- _Dataset excerpts_
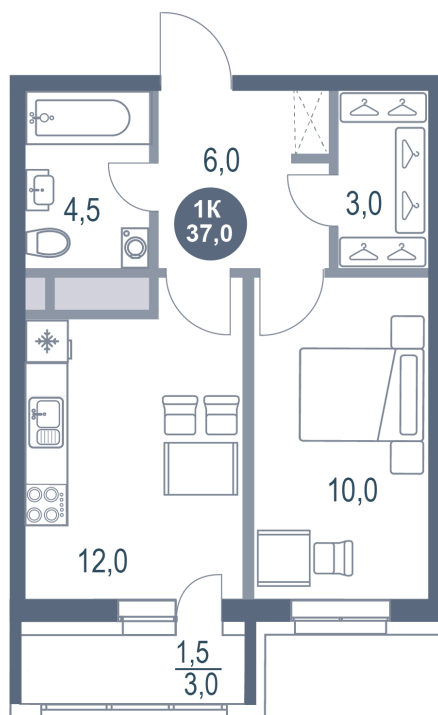

Номер: 239

# 1 комнатная 37 м<sup>2</sup>

Отсканируйте QR-код  
и смотрите на сайте  
kotelnikipark.ru

7 187 830 руб.

В ипотеку от 31 242 руб.

Корпус

Корпус №11

Этаж

13
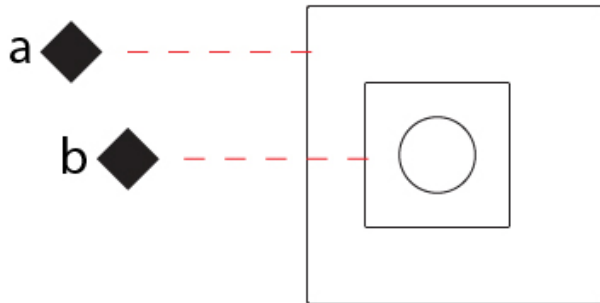

D42080-

PROJECT

TYPE

SPECIFIER

QUANTITY

DATE
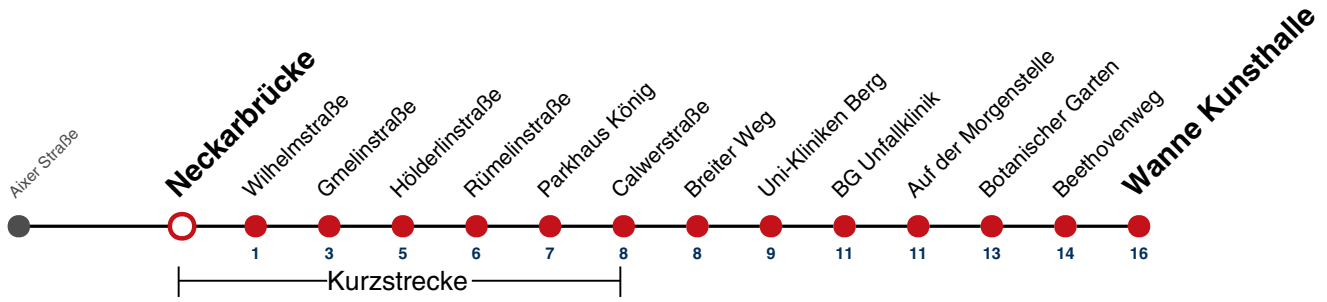

13

Neckarbrücke → Wanne Kunsthalle

Gültig ab 10.12.2023

	Montag - Freitag	Samstag	Sonn-/Feiertag
05	33^K		
06	15 45		
07	15 45		
08	15 45	20^A_{W2} 50^A_{W2}	
09	15 45	20^A_{W2} 50^A_{W2}	
10	15 45	20^A_{W2} 50^A_{W2}	
11	15 45	20^A_{W2} 50^A_{W2}	
12	15 45	20^A_{W2} 50^A_{W2}	
13	15 45	20^A_{W2} 50^A_{W2}	
14	15 45	20^A_{W2} 50^A_{W2}	
15	15 45	20^A_{W2} 50^A_{W2}	
16	15 45	20^A_{W2} 50^A_{W2}	
17	15 45	20^A_{W2} 50^A_{W2}	
18	15 45	20^A_{W2} 50^A_{W2}	
19	15 45	20^A_{W2} 50^A_{W2}	
20		20^A_{W2}	
21			
22			
23			
00			
01			

A bis Wilhelmstraße

K Bus kommt als Linie 1 aus Richtung Franz. Viertel

W2 Bus fährt ab Hauptbahnhof weiter als Linie 17 in Richtung Wanne

Fahrplanauskünfte rund um die Uhr:
naldo-App & landesweite Fahrplanauskunft
(0800 29 82 743, kostenlos)
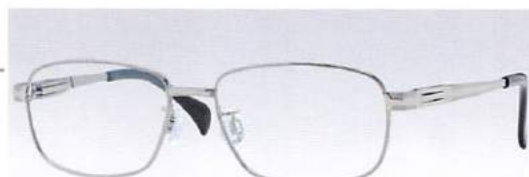

T2134 板バネ機構 名入れ

SIZE: 54□16-140 (36.3)
56□16-145 (37.7)

COLOR:GPGP2,CV1GP
CB0GP

参考本体価格：75,000円
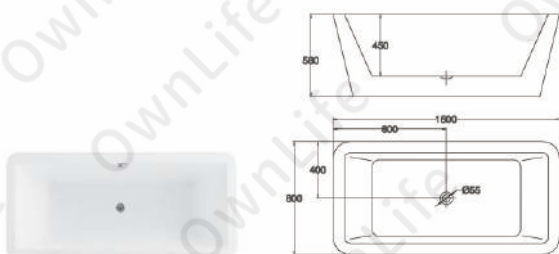

微晶獨立浴缸

熱銷

OW-820M

1600*800*580mm

OW-017M

1400*700*580mm

OW-227M

1200*750*580mm 1300*750*580mm
1400*750*580mm 1500*750*580mm
1600*750*580mm
1700*780*580mm

- _Task objective_
An exact copy is needed of the lines running from the one with "COLOR:GPGP2,CV1GP" through the end of the data above, and of those lines only, without pictures.

- _The answer_
COLOR:GPGP2,CV1GP
CB0GP

参考本体価格：75,000円

微晶獨立浴缸

熱銷

OW-820M

1600*800*580mm

OW-017M

1400*700*580mm

OW-227M

1200*750*580mm 1300*750*580mm
1400*750*580mm 1500*750*580mm
1600*750*580mm
1700*780*580mm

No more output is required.